Task =>
In the data that follows, every line containing the word "Tungurahua" should be returned.

Recorded data =>

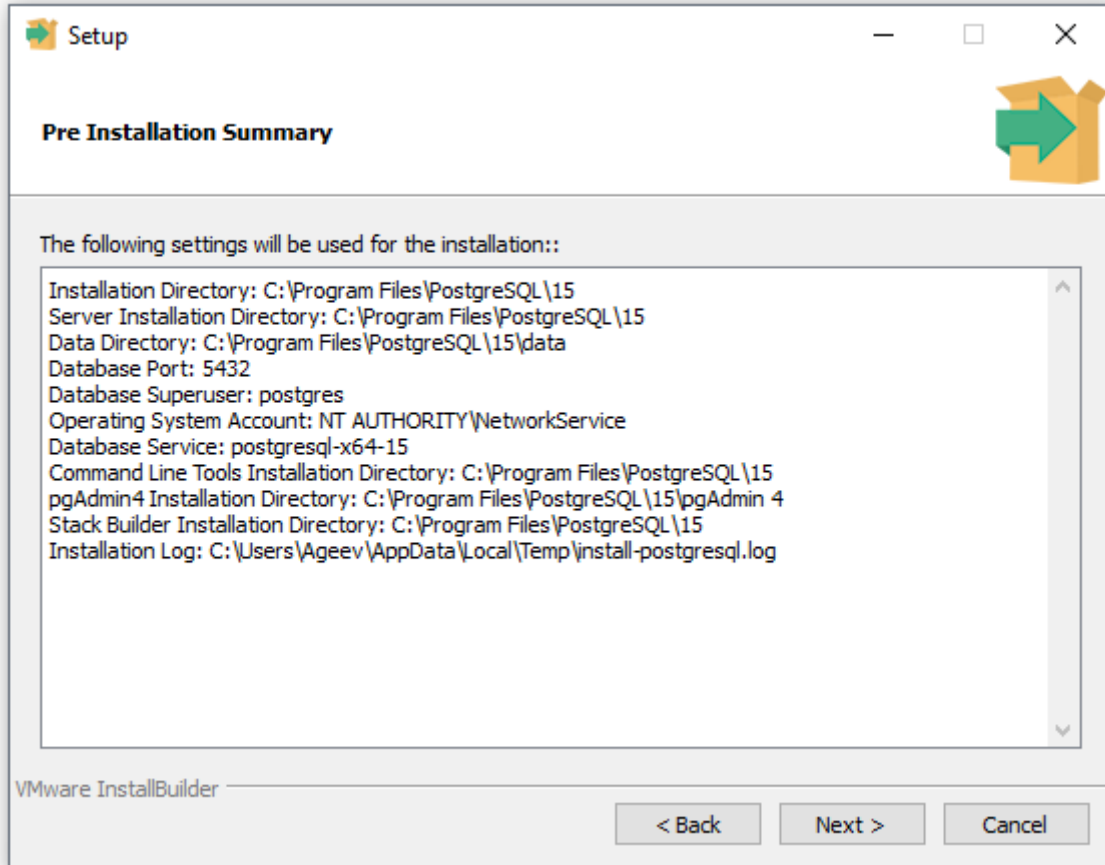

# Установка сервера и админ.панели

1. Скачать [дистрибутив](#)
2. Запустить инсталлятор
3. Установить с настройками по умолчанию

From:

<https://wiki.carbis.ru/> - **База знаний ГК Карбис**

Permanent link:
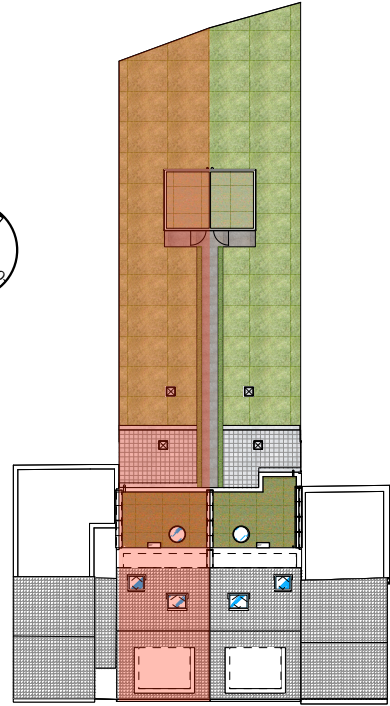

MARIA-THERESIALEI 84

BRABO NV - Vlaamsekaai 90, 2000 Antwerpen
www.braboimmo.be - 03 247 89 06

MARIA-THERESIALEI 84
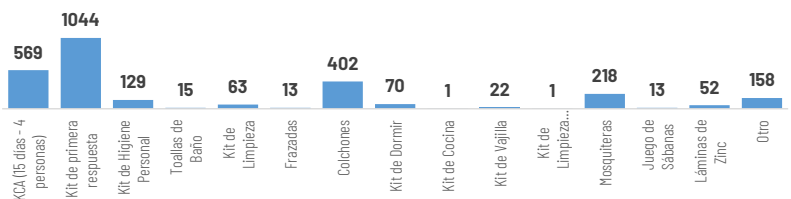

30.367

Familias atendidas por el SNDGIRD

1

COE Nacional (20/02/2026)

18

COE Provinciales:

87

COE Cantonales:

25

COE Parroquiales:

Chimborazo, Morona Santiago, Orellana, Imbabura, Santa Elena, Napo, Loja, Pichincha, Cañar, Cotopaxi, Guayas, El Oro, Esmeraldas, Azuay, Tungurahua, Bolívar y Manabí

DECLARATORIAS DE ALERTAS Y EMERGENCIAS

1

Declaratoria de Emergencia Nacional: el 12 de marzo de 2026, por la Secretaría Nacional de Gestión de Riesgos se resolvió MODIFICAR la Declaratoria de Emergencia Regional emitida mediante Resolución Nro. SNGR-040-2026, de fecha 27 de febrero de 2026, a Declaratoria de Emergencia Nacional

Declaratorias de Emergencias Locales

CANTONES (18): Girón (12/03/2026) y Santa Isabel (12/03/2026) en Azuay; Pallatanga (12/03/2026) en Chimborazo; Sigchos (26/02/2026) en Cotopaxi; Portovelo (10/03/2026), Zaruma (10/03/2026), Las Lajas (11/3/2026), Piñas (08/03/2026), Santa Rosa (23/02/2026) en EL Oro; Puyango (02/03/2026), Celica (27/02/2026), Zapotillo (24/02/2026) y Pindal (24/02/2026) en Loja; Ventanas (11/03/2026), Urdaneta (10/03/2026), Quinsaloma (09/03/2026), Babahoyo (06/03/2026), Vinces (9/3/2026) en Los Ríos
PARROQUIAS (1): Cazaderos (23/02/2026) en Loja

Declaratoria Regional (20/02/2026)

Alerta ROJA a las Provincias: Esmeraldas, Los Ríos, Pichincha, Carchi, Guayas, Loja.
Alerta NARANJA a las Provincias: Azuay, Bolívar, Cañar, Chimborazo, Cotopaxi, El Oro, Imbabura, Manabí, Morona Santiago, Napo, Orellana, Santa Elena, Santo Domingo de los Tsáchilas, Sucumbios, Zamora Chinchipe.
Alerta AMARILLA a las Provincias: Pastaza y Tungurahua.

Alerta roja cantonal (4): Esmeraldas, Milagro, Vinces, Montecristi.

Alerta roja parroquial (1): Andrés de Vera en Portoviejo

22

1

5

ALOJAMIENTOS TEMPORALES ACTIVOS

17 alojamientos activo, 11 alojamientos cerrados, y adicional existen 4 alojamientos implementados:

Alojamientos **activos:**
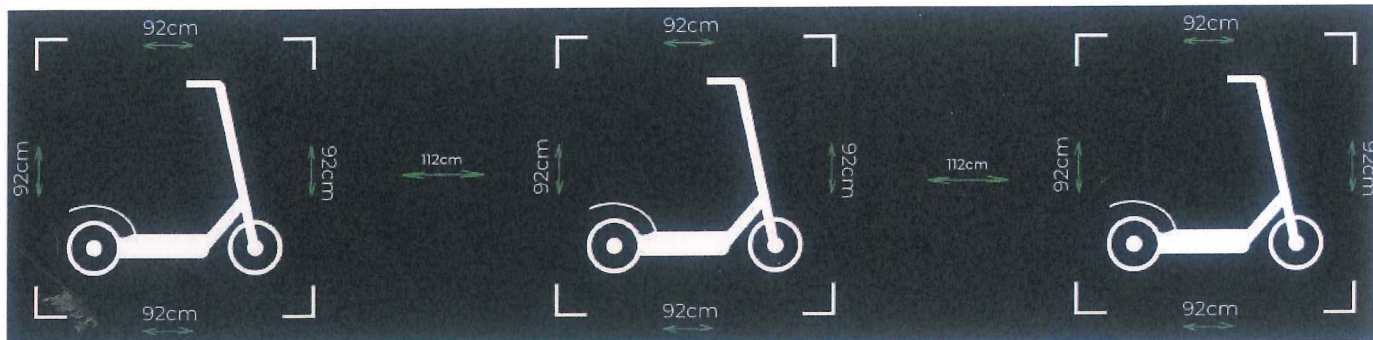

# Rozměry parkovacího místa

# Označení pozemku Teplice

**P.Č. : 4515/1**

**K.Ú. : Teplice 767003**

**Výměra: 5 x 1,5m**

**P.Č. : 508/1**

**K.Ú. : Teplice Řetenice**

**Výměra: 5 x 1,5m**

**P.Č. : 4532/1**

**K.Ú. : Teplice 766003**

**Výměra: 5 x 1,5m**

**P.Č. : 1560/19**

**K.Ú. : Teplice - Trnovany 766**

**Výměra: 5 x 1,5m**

Output for this task =>
Chimborazo, Morona Santiago, Orellana, Imbabura, Santa Elena, Napo, Loja, Pichincha, Cañar, Cotopaxi, Guayas, El Oro, Esmeraldas, Azuay, Tungurahua, Bolívar y Manabí
Alerta AMARILLA a las Provincias: Pastaza y Tungurahua.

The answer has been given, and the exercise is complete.